Clearest-Ever Evidence from VLT Spectra of Powerful Event Summary

A very bright burst of gamma-rays was observed on March 29, 2003 by NASA's High Energy Transient Explorer (HETE-II), in a sky region within the constellation Leo.

Cosmological Gamma-Ray Bursts and Hypernovae Conclusively Linked

Within 90 min, a new, very bright light source (the "optical afterglow") was detected in the same direction by means of a 40-inch telescope at the Siding Spring Observatory (Australia) and also in Japan. The gamma-ray burst was designated GRB 030329, according to the date.

And within 24 hours, a first, very detailed spectrum of this new object was obtained by the UVES high-dispersion spectrograph on the 8.2-m VLT KUEYEN telescope at the ESO Paranal Observatory (Chile). It allowed to determine the distance as about 2,650 million light-years (redshift 0.1685).

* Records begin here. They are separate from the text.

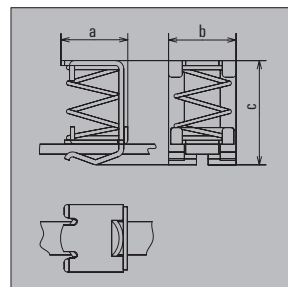

Drilling template KLBÜ 15-32 SC

KLBÜ SC

KLBÜ SC
KLBÜ CO
KLBÜ

Weidmüller

Type	Ø	(a x b x c x d x e) mm	Order No.
KLBÜ 3-8 SC	3.0 ... 8.0 mm	13.5 x 11.5 x 18.0 x 26.0 x 5.65	1692261001
KLBÜ 4-13.5 SC	4.0 ... 13.5 mm	20.0 x 17.8 x 20.3 x 31.4 x 5.30	1712311001
KLBÜ 10-20 SC	10.0 ... 20.0 mm	24.8 x 23.0 x 26.0 x 40.0 x 5.30	1712321001
KLBÜ 15-32 SC	15.0 ... 2.0 mm	36.0 x 33.3 x 32.0 x 64.0 x 4.80	1718341001
Operating tool		Qty.	Order No.
BTWZ KLBÜ		1	1742630000

KLBÜ CO

KLBÜ

Type	Ø	(a x b x c x d) mm	Order No.
KLBÜ CO 1	3.0 ... 10.0 mm	18.0 x 12.0 x 13.2 x 32.0	1753311001
KLBÜ CO 2	4.0 ... 15.0 mm	18.0 x 20.0 x 21.1 x 41.6	1752131001
KLBÜ CO 3	10.0 ... 20.0 mm	25.0 x 23.0 x 24.0 x 45.0	1749151001
KLBÜ CO 4	15.0 ... 28.0 mm	25.0 x 31.0 x 32.0 x 56.0	1749161001
KLBÜ CO 5	20.0 ... 37.0 mm	32.0 x 40.0 x 42.7 x 64.5	1755081001

Type	Ø	(a x b x c) mm	Order No.
KLBÜ 2 x 2-6	2.0 ... 6.0 mm	15.0 x 18.0 x 24.0	1675350000
KLBÜ 3-8	3.0 ... 8.0 mm	13.0 x 18.0 x 26.0	1600480000
KLBÜ 4-13.5	4.0 ... 13.5 mm	20.0 x 20.5 x 31.5	1592810000
KLBÜ 10-20	10.0 ... 20.0 mm	25.0 x 26.0 x 40.0	1600490000
KLBÜ 15-32	15.0 ... 32.0 mm	36.0 x 32.0 x 63.9	1716300000
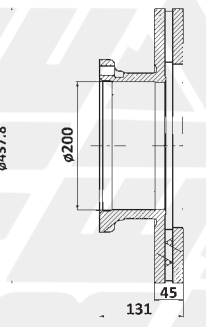

17 - 713822 **NEW**

Continued observations with the FORS1 and FORS2 multi-mode instruments on the VLT during the following month allowed an international team of astronomers [1] to document in unprecedented detail the changes in the spectrum of the optical afterglow of this gamma-ray burst. Their detailed report appears in the June 19 issue of the research journal "Nature".

The spectra show the gradual and clear emergence of a supernova spectrum of the most energetic class known, a "hypernova". This is caused by the explosion of a very heavy star - presumably over 25 times heavier than the Sun. The measured expansion velocity (in excess of 30,000 km/sec) and the total energy released were exceptionally high, even within the elect hypernova class...

These observations therefore indicate a common physical process behind the hypernova explosion and the associated emission of strong gamma-ray radiation. The team concludes that it is likely to be due to the nearly instantaneous, non-symmetrical collapse of the inner region of a highly developed star (known as the "collapsar" model).

The March 29 gamma-ray burst will pass into the annals of astrophysics as a rare "type-defining event", providing conclusive evidence of a direct link between cosmological gamma-ray bursts and explosions of very massive stars.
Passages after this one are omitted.